From: William_J_G Overington (email@example.com)
Date: Fri Aug 06 2010 - 04:03:10 CDT
On Thursday, 5 August 2010, Kenneth Whistler <firstname.lastname@example.org> wrote:
> > I am thinking of where a poet might specify an ending version of a glyph at the end of the last word on some lines, yet not on others, for poetic effect. I think that it would be good if one could specify that in plain text.
> Why can't a poet find a poetic means of doing that, instead of depending on a standards organization to provide a standard means of doing so in plain text? Seems kind of anti-poetic to me. ;-)
Well, I was just suggesting an example. I am not an expert on poetry.
It would not be a matter of a poet depending on a standards organization, it would be a matter of a standards organization noting that adding alternate glyphs to fonts is a modern trend and doing what it can to facilitate access to those alternate glyphs from plain text in a standardized way.
For example, suppose that an alternate ending glyph for a letter e is desired at the end of a line of a poem. I am thinking that U+0065 U+FE0F could be used to do that.
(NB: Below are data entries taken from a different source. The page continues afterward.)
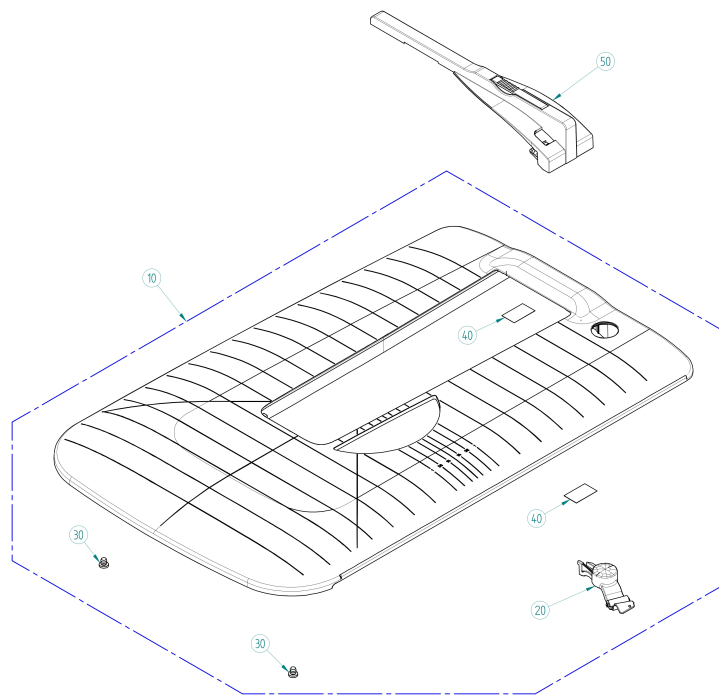

BERNINA 790 PLUS

Sewing Platform

Pos	Item number	Description
10	0331317000	Sewing-Table-Cpl.
10	0331317100	Slide-on table
20	0313345100	Pushbutton
30	0313375000	Rubber Buffer
40	0333125001	Adhesive Tape
50	0325277100	Seam Guide Cpl
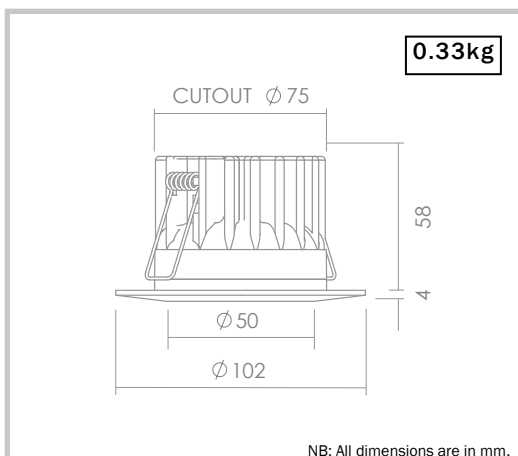

NB: EM denotes 3 Hour Non-Self-Test Emergency Pack with BLF of 57.14%  
NB: All Lumen, Power & Efficacy Figures are +/- 10% @25°C Ambient Temp.  
NB: 1-1 DVR: one luminaire to one driver.  
3-1 UEP DVR: Ultra Efficiency Pack; three luminaires to one driver.
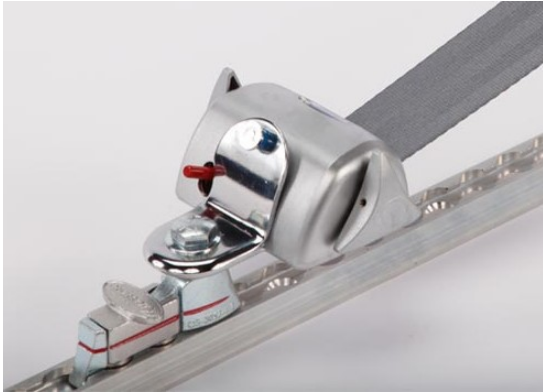

1636 Sydney Rd, **Campbellfield** Vic 3061.

23 Armada Place, **Banyo** QLD 4014

49 Fennell St, **Port Melbourne** Vic 3207.

U6/ 54 - 60 Industry Dve, **Tweed Heads** NSW

W/Chair & Occupant Restraints

Q'Straint DLX Restraints - L Track Fitting
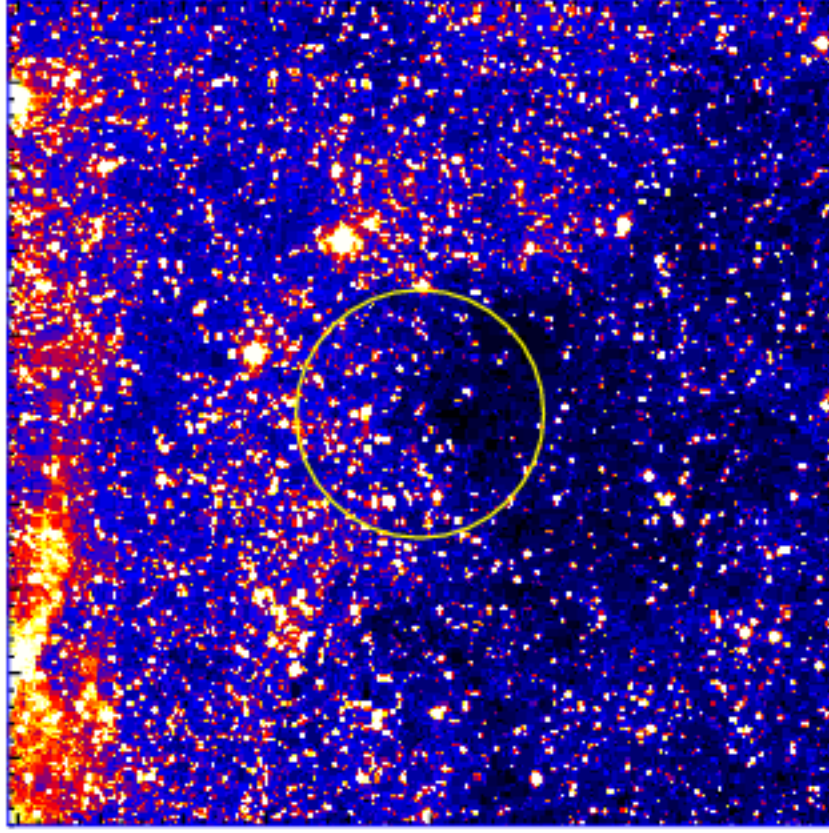

UVOT Finding Chart

OBSID 00809374000 / DATE-OBS 2018-02-10T00:16:33.4

12:00.0
10:00.0
08:00.0
06:00.0
04:00.0
02:00.0
35:00:00.0
58:00.0
56:00.0
34:54:00.0

30.0 19:59:00.0 58:30.0

RA (J2000)

2500

3000

3500
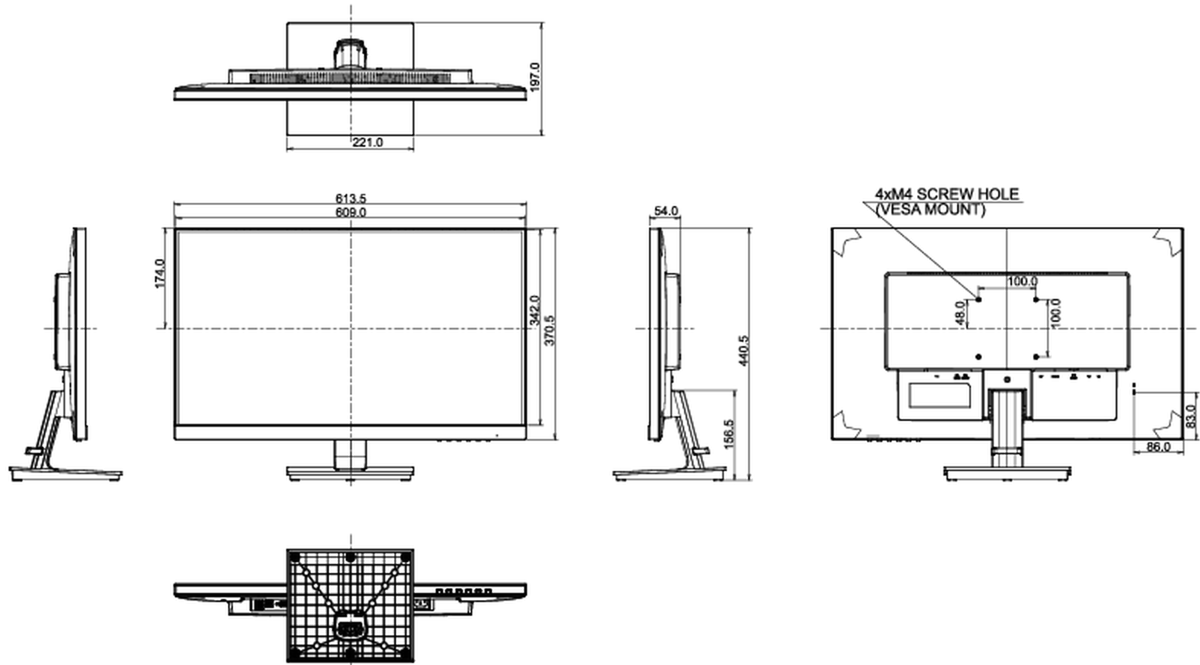

08 MÉRETEK / SÚLY

Termék méretei Sz x H x M

613.5 x 440.5 x 197mm

Súly (doboz nélkül)

5.3kg

EAN kód

4948570115365

All trademarks and registered trademarks acknowledged. E & O E. Specification subject to change without notice. All LCD's comply with ISO-9241-307:2008 in connection with pixel defects.
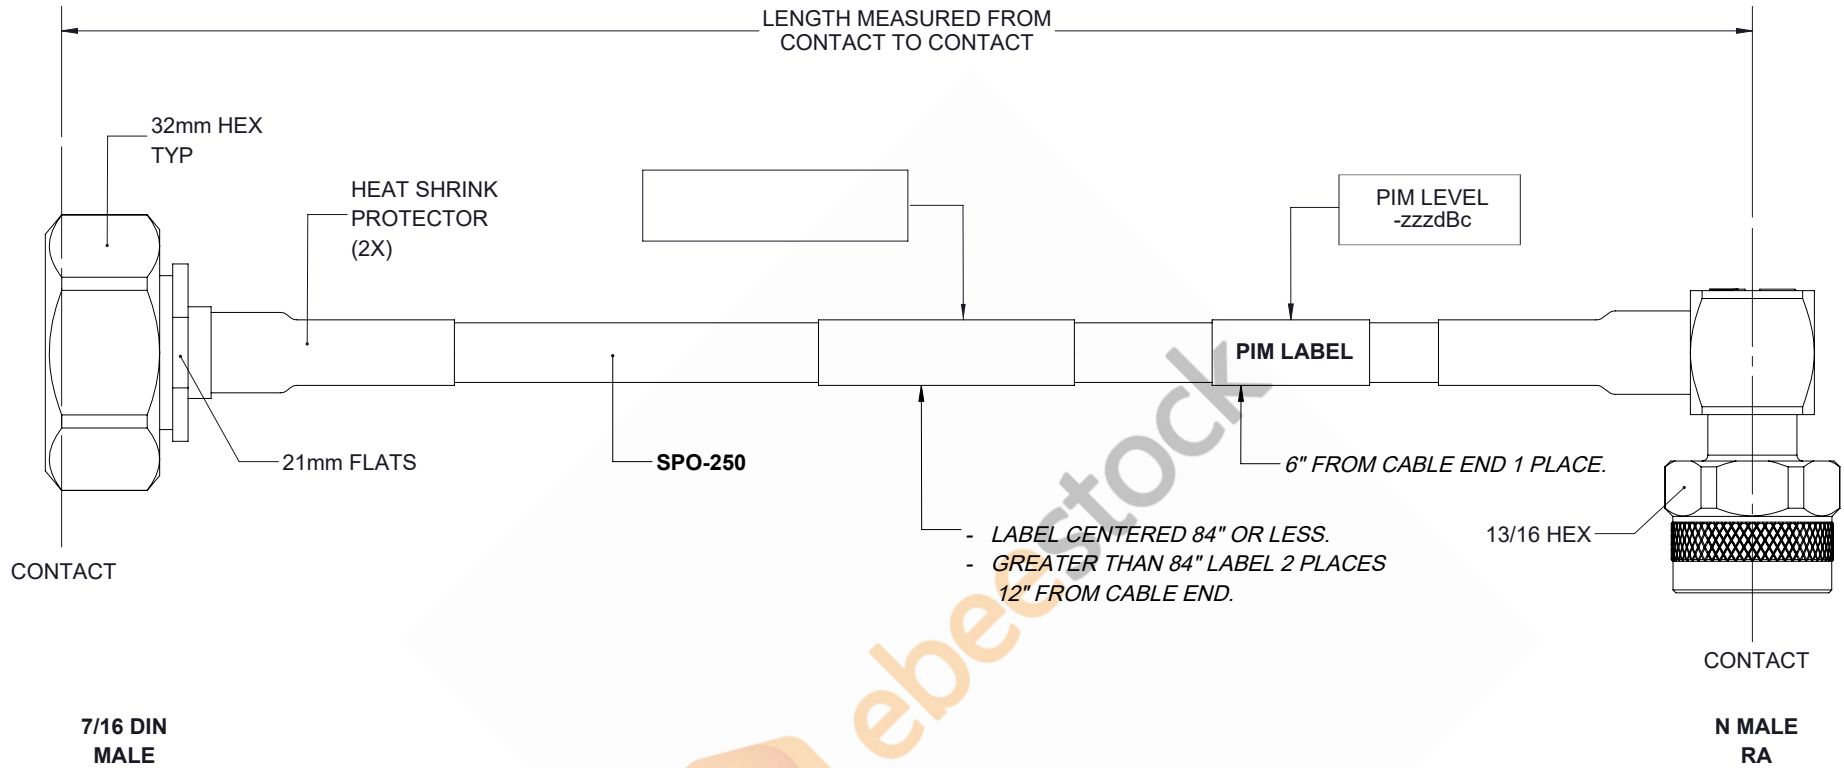

Outdoor Rated 7/16 DIN Male to N Male Right Angle Low PIM Cable 100 cm Length Using SPO-250 Coax Using Times Microwave Parts

REVISIONS			
REV.	DESCRIPTION	DATE	APPROVED
A	INITIAL RELEASE	05/16/19	S.ELLIS

THESE COMMODITIES, TECHNOLOGY OR SOFTWARE WERE EXPORTED FROM THE UNITED STATES IN ACCORDANCE WITH THE EXPORT ADMINISTRATION REGULATIONS. DIVERSION CONTRARY TO U.S. LAW PROHIBITED.

UNLESS OTHERWISE SPECIFIED LEADING DIMENSIONS ARE INCHES DIMENSIONS IN [] ARE MILLIMETERS		 8TH FLOOR, BUILDING 1, YONGFU SCIENCE AND TECHNOLOGY CENTER INDUSTRIAL PARK, NANZHA DISTRICT 5,HUMEN,523900,DONGGUAN, GUANGDONG, CHINA WEBSITE: www.ebeestock.com EMAIL: sales@ebeestock.com		THE INFORMATION AND DESIGN IN THIS DOCUMENT IS THE PROPERTY OF EBEESTOCK CORPORATION. ALL RIGHTS RESERVED.	
TOLERANCES: .X=± 2 [5.08] FRACTIONS ± 1/32 .XX=± 01 [.25] ANGLES ± 1° .XXX=± .005 [.13]				SHEET 1 OF 1	
ALL DIMENSIONS SHOWN ARE FOR REFERENCE ONLY.		SCALE N/A			
THIRD-ANGLE PROJECTION		SIZE A	CAGE 53919	DRAWN BY K.DANG	PART NUMBER ET16397
				REV A	
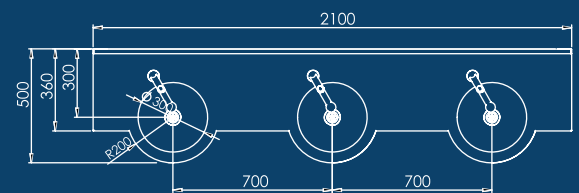

KOD/CODE

NRB-632C-2100-3

2100X500X200 mm
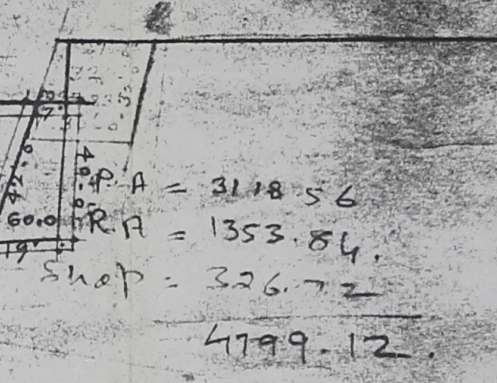

PROPOSED LAYOUT PLAN OF RAM NAGAR "H" EXTENSION AT SIVERAGE FARM NEAR SODALA JAIPUR UNDER THE VIKAS BHAVAN NIRMAN SAHAKARI SAMITI, JAIPUR

SCALE = 1" = 40'-0"

ROADS

$PA = 3118.56$
 $RA = 1353.84$
 $Shop = 326.72$
 4799.12
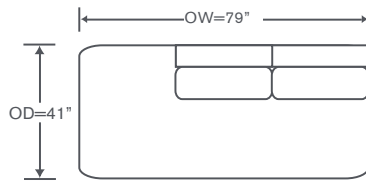

FINISHES & BASES

FEATURES: French Seaming
6" Box Seat Cushions

Also Available: Sofas & Sleepers
Custom Inquiries Invited

Montclair Schematics S905

Left/Right Corner Sofa
S905-LCS/RCS

Left/Right Sofa
S905-LAS/RAS

Left/Right Loveseat
S905-LAL/RAL

Armless Sofa
S905-AS

Armless Loveseat
S905-ALS

Left/Right Chaise
S905-LAH/RAH

Left/Right Corner Chaise
S905-LG/RG (left shown)

Armless Chair
S905-AC

Corner Chair
S905-CC

Large Bumper Ottoman
S905-LB

Small Bumper Ottoman
S905-SB

Height dimensions shown will vary based on leg selection.
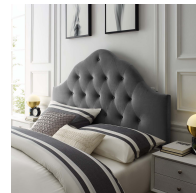

HONORMILL

NEED ASSISTANCE OR CUSTOM QUOTE? CALL: 212-560-5977 www.HONORMILL.com

Sovereign King Diamond Tufted Performance Velvet Headboard

\$350.00

Description

Regal curves and a slightly curved silhouette blend with plush vintage glamour to create the Sovereign Performance Velvet King Headboard. A delightful focal point for any master suite or guest room, this upholstered velvet headboard for king bed frames provides a soft, stain-resistant update for luxurious comfort while relaxing, reading, or conversing in bed. Solidly constructed from plywood and fiberboard with dense foam padding, this diamond tufted king size velvet headboard comes with five mounting positions that are height adjustable from 45" - 52.5". Set Includes: One - Sovereign King Diamond Tufted Headboard

Additional Information

SKU	SMODC17867
Dimensions	Overall Product Dimensions: 4"L x 78.5"W x 64.5"H Floor to Bottom of Headboard: 30.5"H Floor to Top of Headboard: 64.5"H Headboard Dimensions: 34"H
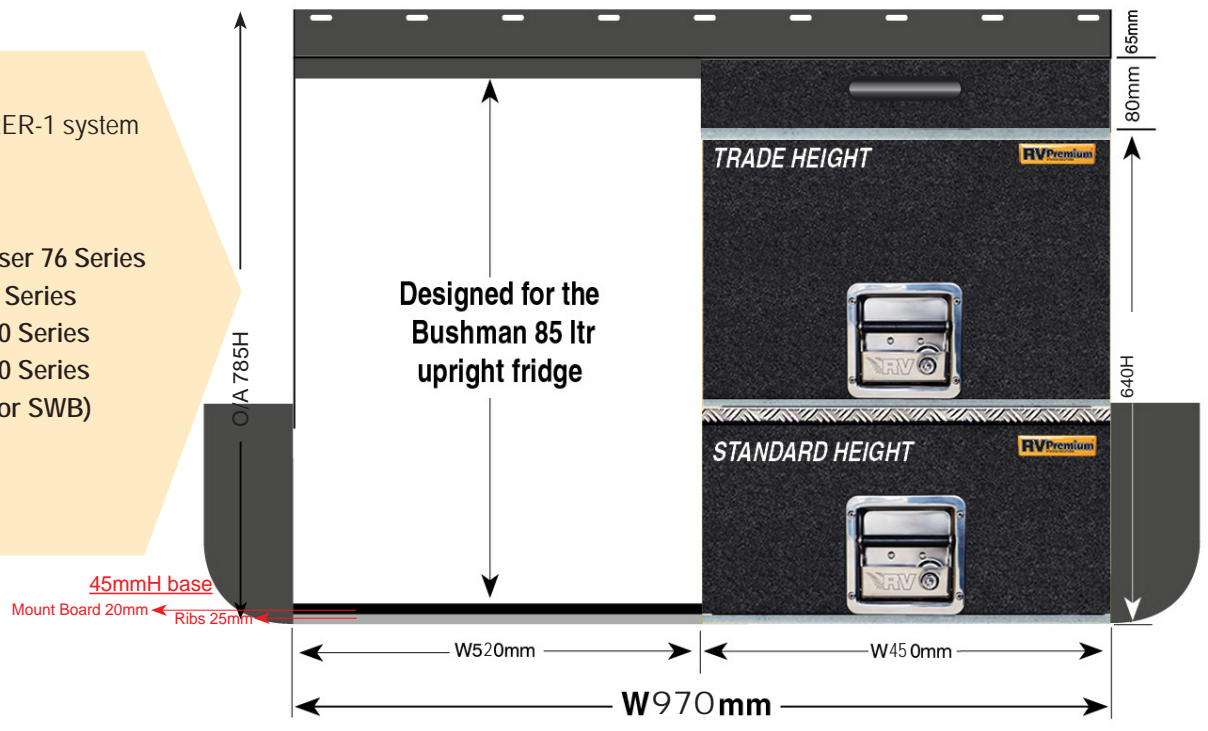

TOURER 1 COMBO (TOURER-1) **PRODUCT SPECS**

TOURER-1 FOR LISTED WAGONS ONLY

The Tourer 1 system (TOURER-1) is based on a Standard Height bottom drawer, Trade Height middle drawer, 85Ltr Bushman Upright Fridge and Double Cargo Shelf. **ALSO INCLUDES EXTENSION TABLE AND DRAWER LID FOR BOTTOM DRAWER**

RIGHT:
This 970W TOURER-1 system is suitable for:

- Toyota Landcruiser 76 Series
- Toyota Prado 95 Series
- Toyota Prado 120 Series
- Toyota Prado 150 Series (Except ZR 3 Door SWB)

LEFT:
This 1020W TOURER-1 system is suitable for:

- Nissan Patrol GQ
- Nissan Patrol GU
- Nissan Patrol Y62
- Toyota Landcruiser 80 Series
- Toyota Landcruiser 100 Series
- Toyota Landcruiser 200 Series
- Toyota Landcruiser 300 Series
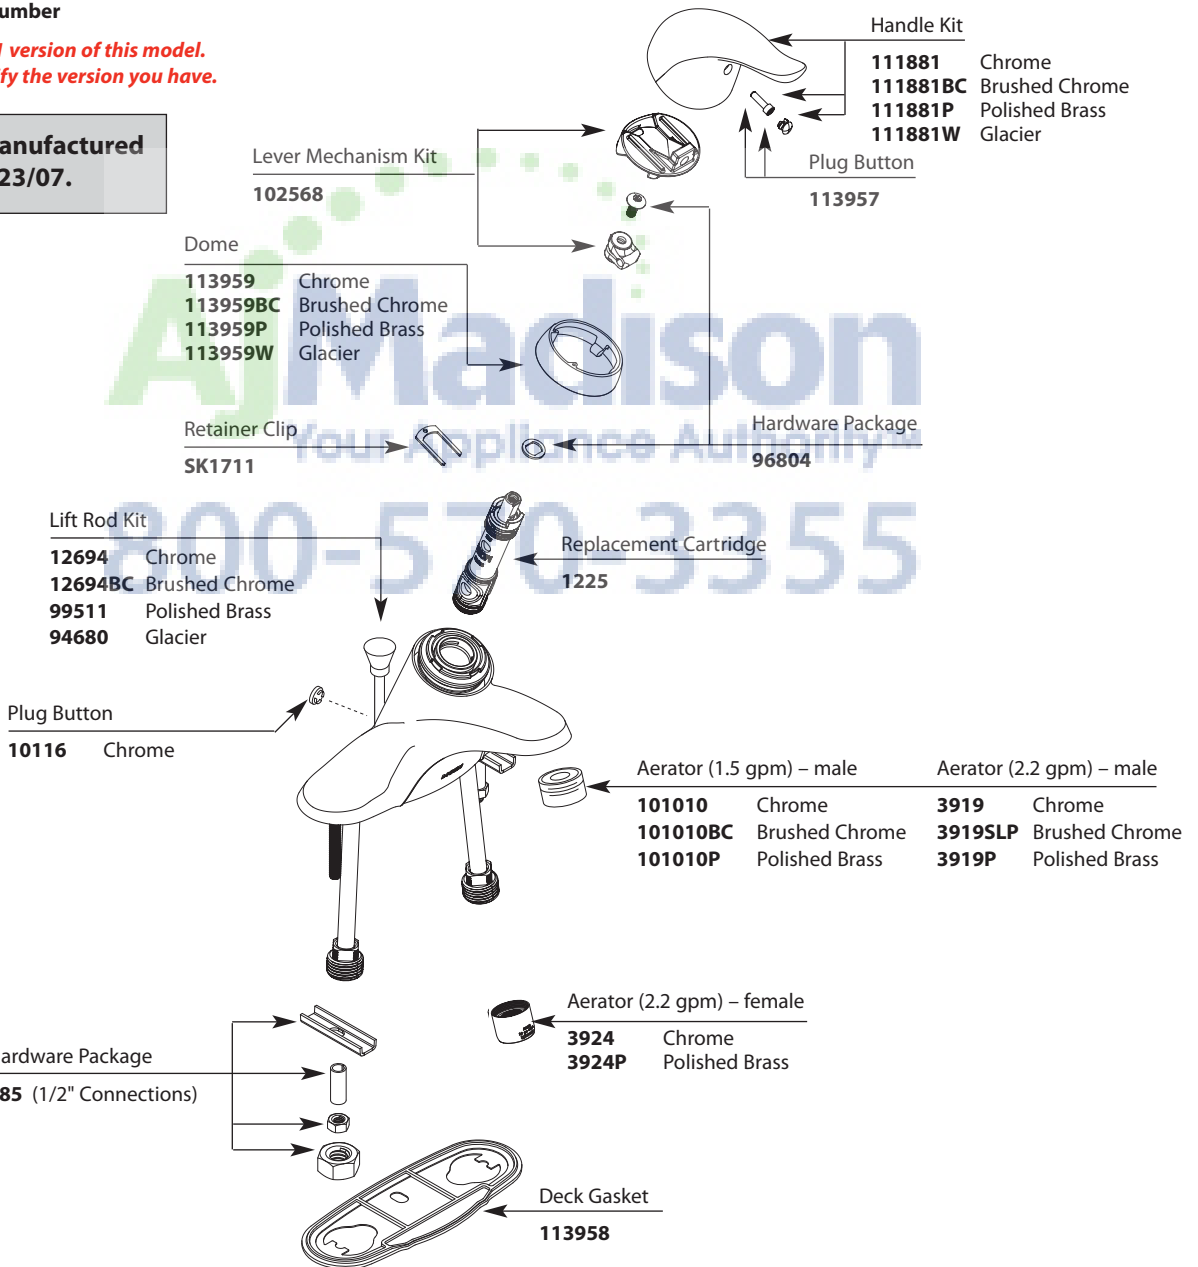

Buy it for looks. Buy it for life.®

Illustrated Parts

CHATEAU®

Single-Handle Lavatory Faucet

MODEL	WASTE	FINISH	MODEL	WASTE	FINISH
L4621	Lav 1/2" connections	Metallic	L4624	Lav 16" supplies	Metallic
L4621CP	Lav 1/2" connections	Metallic	L4625	Lav 16" supplies	50/50
L4621BC	Lav 1/2" connections	Metallic	L4635	Lav 1/2" connections	Metallic
L4621P	Lav 1/2" connections	Metallic	DISCONTINUED SKUS		
L4625	Lav 16" supplies	Metallic	L4621W	Lav 1/2" connections	Metallic
L4601	Lav 1/2" connections	None	L4625P	Lav 16" supplies	Metallic
L4605	Lav 1/2" connections	None	L4600	Lav 16" supplies	None
L4635	Lav 1/2" connections	Metallic	L64620	Lav 16" supplies	Metallic
L64600	Lav 16" supplies	None	L84501	Lav 1/2" connections	None
L64601	Lav 1/2" connections	None	L64625P	Lav 16" supplies	Metallic
L64621	Lav 1/2" connections	50/50	L64645	Lav 16" supplies	50/50
L64621P	Lav 1/2" connections	Metallic	L84920	Lav 1/2" connections	Metallic
L64621W	Lav 1/2" connections	Metallic	L84929	Lav 1/2" connections	Metallic
					Glacier

■ Order by Part Number

There is more than 1 version of this model.
Page down to identify the version you have.

For models manufactured after 1/23/07.
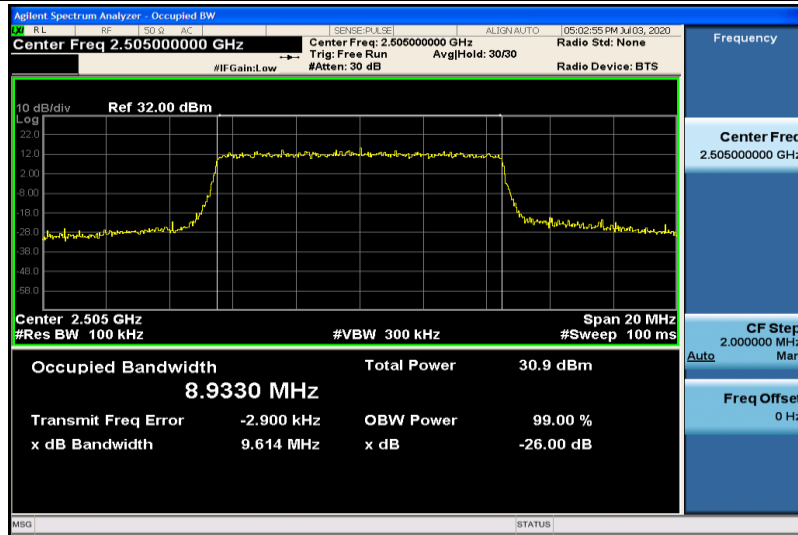

Band7-5MHz-QPSK-20775-25RB#0-4.4841

Band7-5MHz-QPSK-21100-25RB#0-4.4744

Band7-5MHz-QPSK-21425-25RB#0-4.4878

Band7-5MHz-16QAM-20775-25RB#0-4.4750

Band7-5MHz-16QAM-21100-25RB#0-4.4855

Band7-5MHz-16QAM-21425-25RB#0-4.4886

It seems to me that as U+0065 U+FE0F is presently unused and that there are also other variation selectors not used with U+0065, that it would do no harm and would be useful for U+0065 U+FE0F to be officially standardized as requesting an alternate ending glyph for a letter e, yet using the ordinary glyph of U+0065 of the font if an alternate ending glyph of the letter e is not available within the font.
The standards organizations have a great opportunity to advance typography by defining some of the Latin letter plus variation selector pairs so that alternate glyphs within a font may be accessed directly from plain text.